Sensing the possible dangers in this growth of ‘Englishness’, the Left tried to create its own alternative version, highlighting instead what they saw as the English historical traditions of tolerance and inclusivity, and how these could sit just as comfortably within a British framework of multiculturalism, alongside other forms of identity. In 2011, however, the growing insularity and rejection of a wider world was given a degree of gravitas when it was expressed in a heavily-criticised article by the historian Dominic Sandbrook. Writing in the Daily Mail, which remains one of the UK’s biggest-selling newspapers, Sandbrook attacked the pro-EU ‘metropolitan liberals’ in British society and proclaimed that: ‘We should be proud of being Little Englanders’. He said that he looked forward to the ‘rebirth’ of a newly confident English identity.
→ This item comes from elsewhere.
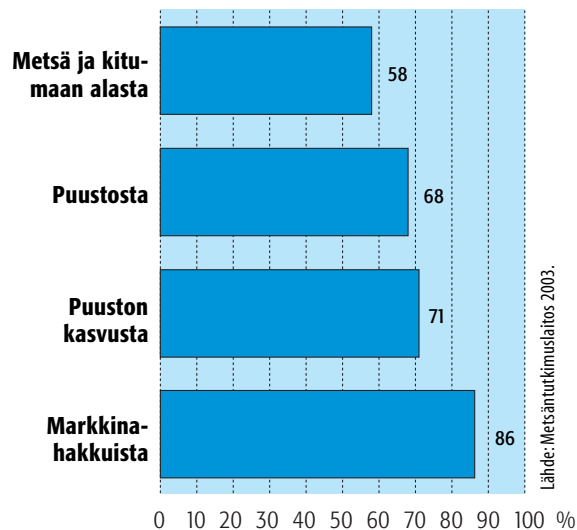

## Metsien omistus

## Yksityisten omistamien metsien osuus...

- Metsätalouden maa luokitellaan Suomessa puun kasvu mukaan. Metsämaalla puun vuotuinen kasvu hehtaaria kohti on enemmän kuin kuutiometrin. Kitumaalla kasvu on 0,1:n ja yhden kuutiometrin välissä ja joutomaalla vähemmän kuin 0,1 kuutiometriä hehtaaria kohti vuodessa. Näiden lisäksi metsätalouden maahan lasketaan myös metsäautotiet, puun välivarastointipaikat teiden varrella ja muut vastaavat alueet.

A number of commentators welcomed Sandbrook’s ‘bold’ and outspoken comments, and his rejection of ‘political correctness’.
I think it is no exaggeration to say that this rather unhappy, intolerant and xenophobic strand of English nationalism, given a new kind of respectability by writers like Sandbrook, has been bubbling away just below the surface for about 20 years now, and broke out into the open in a big way in 2016, largely as a consequence of the Referendum campaign. Yet, rather than directly confront this ‘Little Englander’ tendency, with all the highly negative meanings it has today, many British politicians have instead chosen to pander to it and exploit it.
Steve Woodbridge is Lecturer in History at Kingston University
(Images: WikiMedia Commons)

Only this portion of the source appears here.